(Collection entries)
#####
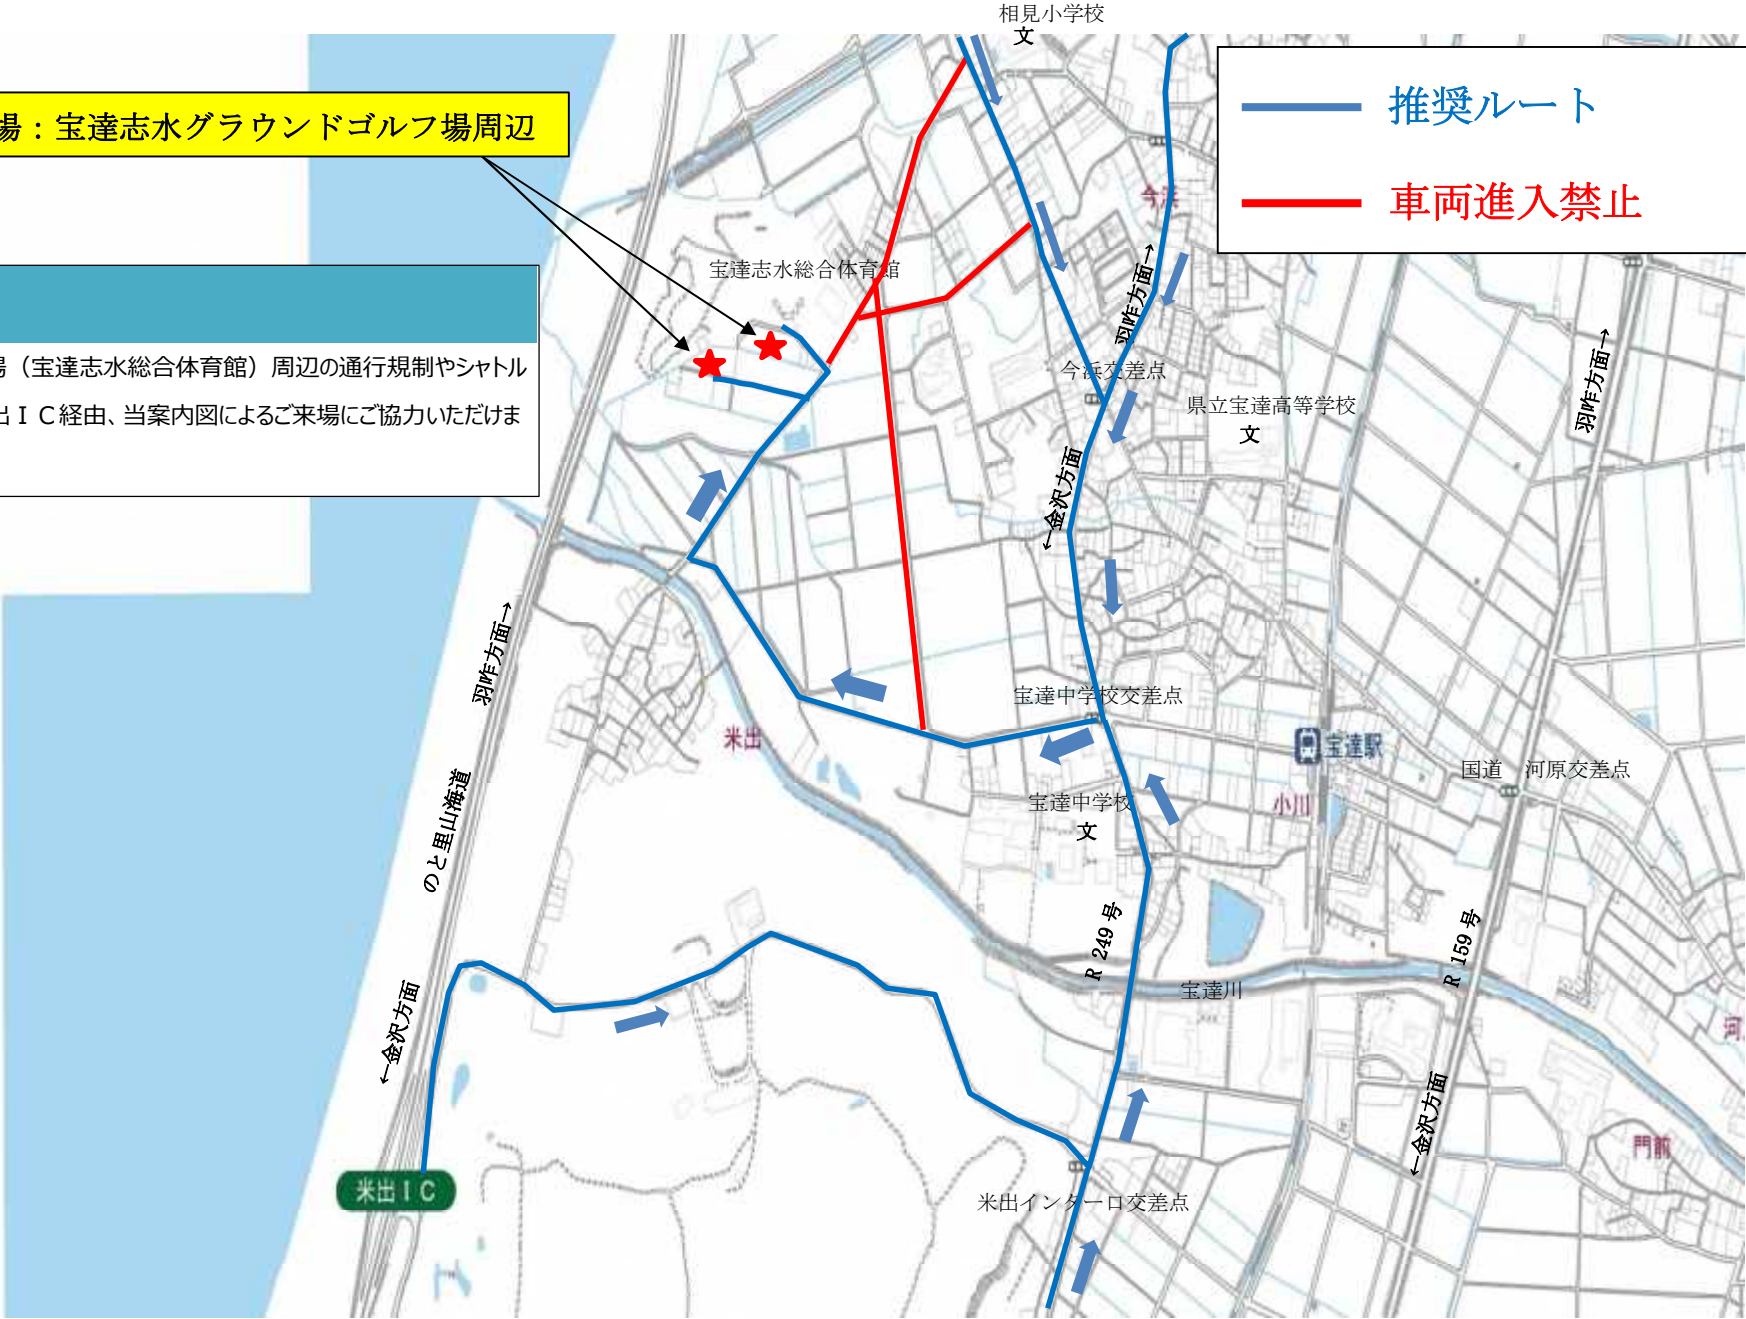

C駐車場：宝達志水グラウンドゴルフ場周辺

ご来場時のお願い

当日ご来場の際は、主会場（宝達志水総合体育館）周辺の通行規制やシャトルバス運行の都合により、米出 I C 経由、当案内図によるご来場にご協力いただけますよう、お願いいたします。

— 推奨ルート
— 車両進入禁止

D駐車場：多目的グラウンド

ご来場時のお願い

当日ご来場の際は、主会場（宝達志水総合体育館）周辺の通行規制やシャトルバス運行の都合により、米出 I C 経由、当案内図によるご来場にご協力いただけますよう、お願いいたします。

推奨ルート

車両進入禁止

ご来場時のお願い

当日ご来場の際は、主会場（宝達志水総合体育館）周辺の通行規制やシャトルバス運行の都合により、今浜 I C 経由、当案内図によるご来場にご協力いただけますよう、お願いいたします。

また、お帰りの際には、周辺の交通規制の都合により、当案内図の帰路ルートに従って、お帰りいただけますよう、ご協力お願いいたします。

- 往路ルート
- 車両進入禁止
- 帰路ルート

E 駐車場：主会場周辺
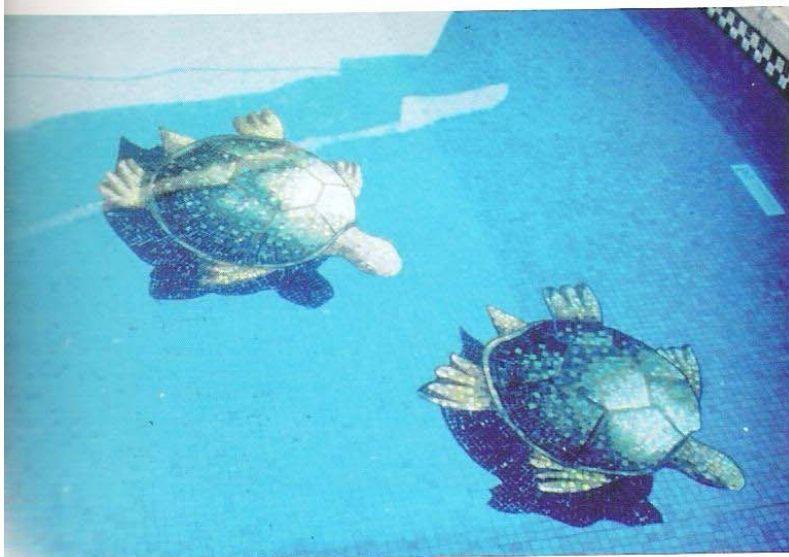

1  
100 x 59 cms 39" x 23"  
150 x 89 cms 59" x 35"  
200 x 118 cms 78" x 46"

Pez Vela  
Sail Fish

1  
100 x 48 cms 39" x 19"  
150 x 72 cms 59" x 28"  
200 x 97 cms 78" x 38"

Delfines y Tortugas

1 Precio Bajo \* Sobre Pedido  
2 Precio Alto

Tortuga Marina Verde  
Green Marine Turtle  
2  
1.00 x 70 cms 39" x 27"

Tortuga Marina Café  
Brown Sea Turtle  
2  
48 x 43 cms 18" x 17"  
70 x 64 cms 27" x 25"  
100 x 84 cms 39" x 33"  
132 x 116 cms 52" x 45"

Tortuga Carey  
Carey Turtle  
2  
48 x 43 cms 18" x 17"  
70 x 64 cms 27" x 25"  
100 x 84 cms 39" x 33"

Tortuga Tradicional  
Traditional Turtle  
1  
Verde, café rojiza, azul  
o roja con amarillo  
Green, terracota, Blue or  
red and yellow  
46 x 40 cms 16" x 18"  
69 x 60 cms 23" x 26"  
92 x 80 cms 31" x 35"  
115 x 100 cms 39" x 45"
#####
**WORK INSTRUCTION**
When you copy the records above, keep every word exact but leave out the pictures.

**SOLUTION FOR THIS EXERCISE**
C駐車場：宝達志水グラウンドゴルフ場周辺

ご来場時のお願い

当日ご来場の際は、主会場（宝達志水総合体育館）周辺の通行規制やシャトルバス運行の都合により、米出 I C 経由、当案内図によるご来場にご協力いただけますよう、お願いいたします。

— 推奨ルート
— 車両進入禁止

D駐車場：多目的グラウンド

ご来場時のお願い

当日ご来場の際は、主会場（宝達志水総合体育館）周辺の通行規制やシャトルバス運行の都合により、米出 I C 経由、当案内図によるご来場にご協力いただけますよう、お願いいたします。

推奨ルート

車両進入禁止

ご来場時のお願い

当日ご来場の際は、主会場（宝達志水総合体育館）周辺の通行規制やシャトルバス運行の都合により、今浜 I C 経由、当案内図によるご来場にご協力いただけますよう、お願いいたします。

また、お帰りの際には、周辺の交通規制の都合により、当案内図の帰路ルートに従って、お帰りいただけますよう、ご協力お願いいたします。

- 往路ルート
- 車両進入禁止
- 帰路ルート

E 駐車場：主会場周辺

1  
100 x 59 cms 39" x 23"  
150 x 89 cms 59" x 35"  
200 x 118 cms 78" x 46"

Pez Vela  
Sail Fish

1  
100 x 48 cms 39" x 19"  
150 x 72 cms 59" x 28"  
200 x 97 cms 78" x 38"

Delfines y Tortugas

1 Precio Bajo \* Sobre Pedido  
2 Precio Alto

Tortuga Marina Verde  
Green Marine Turtle  
2  
1.00 x 70 cms 39" x 27"

Tortuga Marina Café  
Brown Sea Turtle  
2  
48 x 43 cms 18" x 17"  
70 x 64 cms 27" x 25"  
100 x 84 cms 39" x 33"  
132 x 116 cms 52" x 45"

Tortuga Carey  
Carey Turtle  
2  
48 x 43 cms 18" x 17"  
70 x 64 cms 27" x 25"  
100 x 84 cms 39" x 33"

Tortuga Tradicional  
Traditional Turtle  
1  
Verde, café rojiza, azul  
o roja con amarillo  
Green, terracota, Blue or  
red and yellow  
46 x 40 cms 16" x 18"  
69 x 60 cms 23" x 26"  
92 x 80 cms 31" x 35"  
115 x 100 cms 39" x 45"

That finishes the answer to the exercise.